To not help seemed unethical. However, I could not in good conscience say that I could make a serious attempt at the speed necessary. I’m not convinced that anyone could. Some things simply take time and the amount of time is beyond control.  After I got off the phone, the reality of the whole thing began to really sink in. I’m proud of what I can do but pride would be a very bad reason to proceed. I spent the rest of Friday evening checking my notes against every record that I could. I found some serious errors in what I’d been told. I did some research into exactly what would need to be done to accomplish the goal. As I read, I began to feel like a physician who is confronted by a new and very desperate patient who needs to see someone with a very different specialty but who doesn’t have the time left for another appointment. If there was an emergency room for this sort of thing, I would have been tempted to send my caller there but even that wouldn’t have done anything other than maybe ease my conscience.

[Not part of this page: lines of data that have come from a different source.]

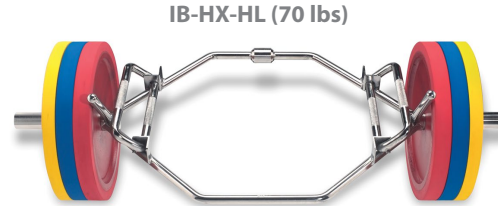

Includes: 5 lbs, 10 lbs, 15 lbs, 20 lbs, 25 lbs, 30 lbs, 35 lbs, 40 lbs, 45 lbs, 50 lbs, 60 lbs, 70 lbs, 80 lbs, 90 lbs, 100 lbs

CP-HKB-3T-15

KETTLEBELLS

International Club Elite Bars

Our Club Elite International Bar series incorporates bronze bushings to ensure balance and the smoothest rotation possible. Our power bars feature heat-tempered, high-stress alloy steel to protect against bending. Hampton's exclusive anodized chrome finish is guaranteed never to chip, flake or peel. All bar sleeves are pinned through the end of the shaft guaranteeing the ends will not come loose. Durable rubber end caps protect floors, plates and freestanding equipment from accruing damage.

International Club Elite 10 Bar Club Pack

Included in the 10-bar Club Pack:

- Two IB-86-15CE
- Two IB-86-7CE
- One IB-72CE
- One IB-72ACE 15-lb. training bar
- One IB-60CE
- One IB-53CE
- One IB-49CE
- One IB-35CE

25" W x 30" D x 84" H
CP-IB-10

CP-IB-10

IB-53CE (25 lbs)

IB-HX-HL (70 lbs)

Check out YouTube® for instructions
<http://www.youtube.com/watch?v=sPeQr-K2fE0>

IB-35CE (25 lbs)

IB-49CE (20 lbs)

IB-86-APB-185 (44 lbs)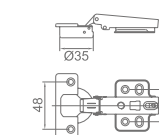

WJY1101A

Original Code: WJY11A1
Product Name: Cabinet Door Hinge
Main Material: Cold-rolled steel sheet
Finish: Nickel-plated
Opening Angle: 110°
Applicable Thickness of door: 14-22mm
Maximum loading capacity: 8Kg/pair
Feature: 2 speed, opening and closing softly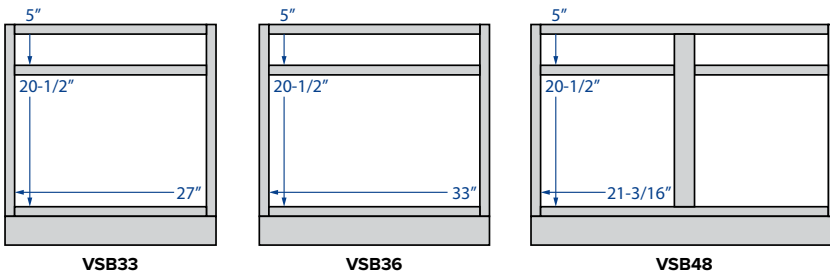

Partial Overlay

MWB30

Full Overlay

MWB30

Vanity Cabinets - Openings

Partial Overlay

Full Overlay

Partial Overlay

Full Overlay

Partial Overlay

Full Overlay

Partial Overlay

Full Overlay

Wall Cabinets - Dimensions

12" Height cabinets

Partial Overlay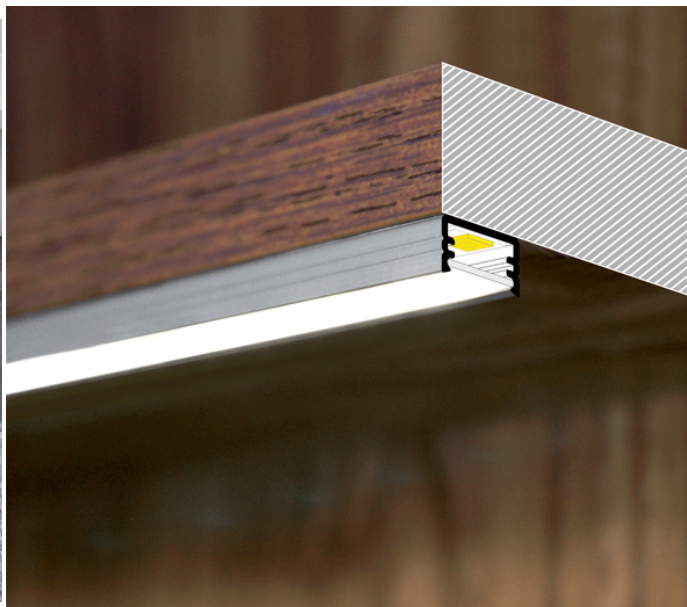

LED PROFILE SLIM8 AC2/Z 3000 RAW ALU.

Surface

Furniture

max 8 mm

	<ul style="list-style-type: none"> • universal application • Slick socket • painted mounting plates 	 EU industrial designs  CE  Made in Poland	 Buy product
---	--	---	--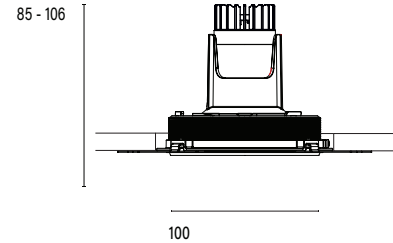

Accent 100 Trimless Type 3

Model

Code	100 10 009304.020
Installation	Trimless - Indoor/ Outdoor
Finish	Structured Black
Material	Marine Grade Aluminium

Technical Data

Power (Luminaire)	6.8W
Power (System)	8w
Voltage	240V-AC
Current	180mA
Optics	Rotationally Symmetrical Direct 40°
Colour Temperature	3000K
Luminous Flux	680lm
TM30	Rf95 Rg103
CRI	Ra97
Lumen Maintenance	L90 B10 50000hrs
Chromaticity	<2 McAdam Step Ellipse
Articulation	Fixed
Cut-Out	Ø130 x 110mm
Ingress Protection	IP44
Control Device	Control Excluded
Class	III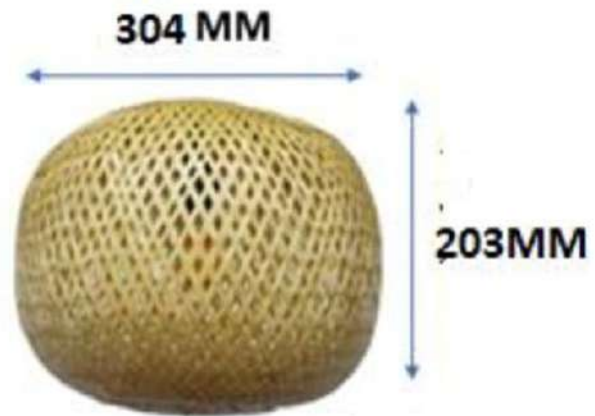

## SPECIFICATIONS

- Material used is Bamboo
- E27 bulb holder included
- Wire length 1m (approx.)
- Bulb CCT= 1800/3200 K
- Bulb Wattage = 4W

## APPLICATIONS

- ❖ Mainly used in Restaurant and Pub lighting
- ❖ To decorate and lit up the reception area.
- ❖ Can be also used to the dining area of home to create an aesthetic look

DIMENSIONS	
DIA (MM)	HIGHT (MM)
304	203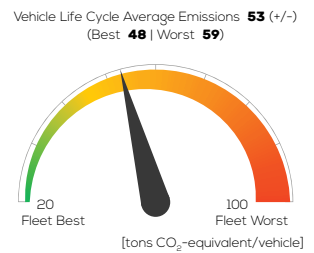

Total GHG Emissions

We had agreed to talk again on Monday but I called already on Saturday instead—waiting would have wasted time. I explained the errors I’d found the night before and I met with many objections based on family stories and subtleties of spelling. I explained that those stories might be indicative of the truth without being strictly true down to the letter. I explained that small spelling differences when all else is the same are just variations until proven otherwise, not reasons to disregard a piece of evidence. I wanted to explain that I didn’t think the required proof would be possible. I didn’t see a way for what was necessary to also be true. Even then, even if there was a chance in principle, there was not nearly enough time. Yet, as realistic as I thought that was, it was only my opinion. I can’t see how reminding my caller of the lack of time would serve any purpose and I’m not the expert in that unusual field who can confidently state that the case was terminal.

With some struggle, I had found a phone number to an expert, probably one of the few. I read the number to my caller twice and made sure I got it repeated back. I explained if that expert was not the right person to help then he ought to know who could. It was the best help I could give my caller. I’m afraid that the expert knows enough to explain that there is no hope—the case is terminal. Maybe though, there is a way. I hope so.

Like everything in life, there are questions of ethics in genealogy. You shouldn’t mislead—who can forget those books of a few decades ago that made claims like “your family history already researched and explained,” which contained little more than some ramblings about a surname and a list of people who bore that name and their phone numbers. You shouldn’t willfully present fiction as fact. You shouldn’t misrepresent yourself. However, this kind of desperate request was one that I hadn’t anticipated.